USO Tour Stirs Louis CK's Most Ambitious 'Louie' on day true story



In even the uniquely unvarnished, autobiographical world of "Louie," an hour-long episode that tenderly draws together Middle East war zones and ducklings is a particular accomplishment.

Thursday night's "Louie," the FX series written, directed by and starring comedian Louis C.K., was a marvel for any number of reasons. It was the first hour-long "Louie"; the first to credit Louis C.K.'s 6-year-old daughter, Mary Louise, for a story idea; and with a budget of $500,000 (nearly twice the show's relatively threadbare budget), its most expensive.
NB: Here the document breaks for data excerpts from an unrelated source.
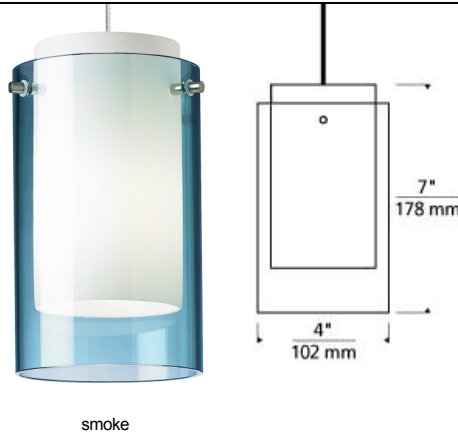

Mini Echo Pendant LED ✶ SORAA T20

DESCRIPTION

The Mini Echo pendant light by Tech Lighting is a timeless contemporary glass cylinder pendant. The modern silhouette of this pendant echoes an inner white glass cylinder to provide a pop of color while softly diffusing the light within. With five available on trend color options and high quality metal finishes the Mini Echo creates an exciting yet sophisticated look and feel to any space. Scaling at 7" in length and 4" in width this pendant is ideal for closet lighting, bath lighting flanking a vanity or even bedroom lighting. The Mini Echo comes with two fully dimmable lamping options, halogen and energy efficient LED allowing you the ability to customize the light tones to your desired ambiance. Includes low-voltage, 50 watt halogen bi-pin lamp or 8 watt, 300 delivered lumen, 3000K, replaceable SORAA® LED module and six feet of field-cutttable cable. Dimmable with low-voltage electronic or magnetic dimmer (based on the transformer) Works with SORAA.

smoke

INSTALLATION

Socket terminates with FreeJack male connector, which may be installed into a system connector. Elements ordered with a system prefix include a connector for that system.

ACCESSORIES & OPTICAL CONTROLS

SORAA® LED Bi-Pin Replacement Pendant Module, Swag Hook

WEIGHT

1.3lb / 0.59kg ±

amber aquamarine clear smoke steel blue

ORDERING INFORMATION

700	SYSTEM	ECP	COLOR	FINISH	LAMP
FJ	FREEJACK		A AMBER	Z ANTIQUE BRONZE	12 VOLT HALOGEN (T20)
MP	MONOPOINT		Q AQUAMARINE	C CHROME	-LEDS930 12 VOLT LED 90 CRI 3000K (T20/T24)
MO	MONORAIL		C CLEAR	S SATIN NICKEL	-24 24 VOLT HALOGEN
MO2	TWO-CIRCUIT MONORAIL		S SMOKE		
			U STEEL BLUE		

Note: MP includes 4" Round Flush Canopy. Note: MP includes 4 Round Flush Canopy.

Chrome not offered on Monorail & Two-Circuit Monorail.

700 ____ ECP _____

FIXTURE TYPE: _____

JOB NAME: _____

NOTES: _____
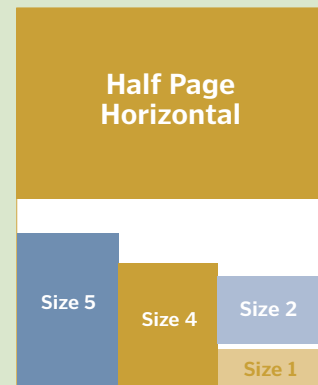

MODULARSIZING2012

WEEKDAY MODULAR SIZES

WEEKDAY SIZES	Dimensions	Inches Wide	Inches Deep
Double Truck	12.5 col. x 12.5"	20.750	12.50
1/2 Double Truck	12.5 col. x 6.125"	20.750	6.125
Full Page	6 col. x 12.5"	10.000	12.50
1/2 Page Vertical	3 col. x 12.5"	4.916	12.50
1/2 Page Horizontal	6 col. x 6.125"	10.000	6.125
1/4 Page	3 col. x 6.125"	4.916	6.125
Size 8	3 col. x 4.30"	4.916	4.30
Size 7	3 col. x 1.775"	4.916	1.775
Size 5	2 col. x 5"	3.388	5.00
Size 4	2 col. x 4"	3.388	4.00
Size 2	2 col. x 2"	3.388	2.00
Size 1	2 col. x 1"	3.388	1.00

MODULARSIZING2012

WEEKEND MODULAR SIZES

DOMINANCE

Double Page Spread
Retail - 21.887" x 20.75"
Class - 21.883" x 20.75"

1/2 Double Page Spread
Retail - 21.887" x 10.375"
Class - 21.833" x 10.375"

Full Page
Retail - 10.388" x 20.75"
Class - 10.386" x 20.75"

Prestige
Retail - 10.388" x 18.0"
Class - 10.386" x 18.0"

Dominant
Retail - 8.638" x 18.0"
Class - 8.297" x 18.0"

3/5 Page
Retail - 8.638" x 16.0"
Class - 7.253" x 15.0"

IMPACT

Impress
Retail - 6.888" x 16.0"
Class - 6.208" x 16.0"

Size Three
Retail - 3.388" x 3.0"
Class - 4.119" x 3.0"

Size Four
Retail - 3.388" x 4.0"
Class - 4.119" x 4.0"

Size Five
Retail - 3.388" x 5.0"
Class - 4.119" x 5.0"

Size Six
Retail - 3.388" x 6.0"
Class - 4.119" x 6.0"
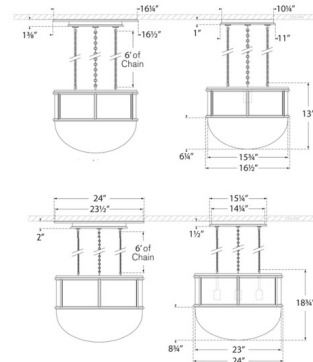

Description

The Martil Pendant brings a clean beauty to your interior space. The opened frame holds a glass diffuser that softly spreads warm, inviting light throughout your room.

Shown in bronze / white

Specifications

COLOR	White
BODY FINISH	Bronze
WATTAGE	15W
DIMMER	Standard 120V
DIMENSIONS	16.5"W x 13"H
BULB NOT INCLUDED	1 x A19/Medium (E26)/15W/120V LED
COUNTRY OF ORIGIN	China

Technical Information

PRODUCT DIMENSIONS Three Adjustable Chain Lengths: 72"

In the episode, titled "Duckling," Louie's daughters sneak a pet duckling into his luggage before he travels to Iraq and Afghanistan on a USO tour. In the Middle East, he secretly cares for the duckling while having a moving experience performing stand-up for soldiers and, in the show's touching conclusion, meeting Afghan farmers.

A remarkable hour of television in its breadth, it was surely the most ambitious "Louie." Most telling, perhaps, is that its normally self-critical creator actually allows for some modicum of satisfaction.

"I sat and watched it air last night and I don't ever do that," Louis C.K. said by phone Friday, interrupting his preparations for Hurricane Irene to reflect on the episode. "I was very emotional about having gotten it done, that we actually did it. It seemed like an impossibility."

Much of the episode took inspiration from Louis C.K.'s 2008 Sergeant Major of the Army Tour to Iraq, Afghanistan and Kuwait, an experience that resonated for the 43-year-old comedian. Country singer and former U.S. Army Ranger Keni Thomas and cheerleader Lilly Robbins were on the tour, and both have significant roles as themselves in the "Louie" episode.

Though he considers himself a pacifist and politically anti-war, he admires soldiers and their sense of duty.

"The Army is kind of an amazing organization when you let yourself be submerged into it," says Louis C.K. "They're just highly professional people and decent. I guess decency is something I reach out to because I'm not decent."

The trip also fascinated his two daughters, who shortly thereafter took care of ducklings as part of a school project. Mary Louise suggested her father make an episode that combined the two, with Louie bringing a duckling to Afghanistan.

The logistical complications were considerable. First, they tried to shoot the show while on a USO tour, but that proved impossible. With the Army's help, they then looked at shooting at Fort Bliss in Texas. When that, too, didn't work out, they finally settled on shooting in the desert of Santa Clarita, Calif.

"There was a bunch of times where we thought we weren't going to be able to do it," says Louis C.K. "Sheer force of will is what made it happen."

Still, the task seemed enormous for a show that rarely strays from modest Manhattan settings and which Louis C.K. edits himself at his apartment. A week after wrapping the second season of "Louie," the crew went to California for the four-day, helicopter-filled shoot.

Photojournalist Tim Hetherington and filmmaker Sebastian Junger (who together made the Afghanistan war documentary "Restrepo") briefly consulted on the project. When Hetherington, a friend of "Louie" producer Blair Breard, was killed by mortar shells in Libya in April, a renewed conviction took hold.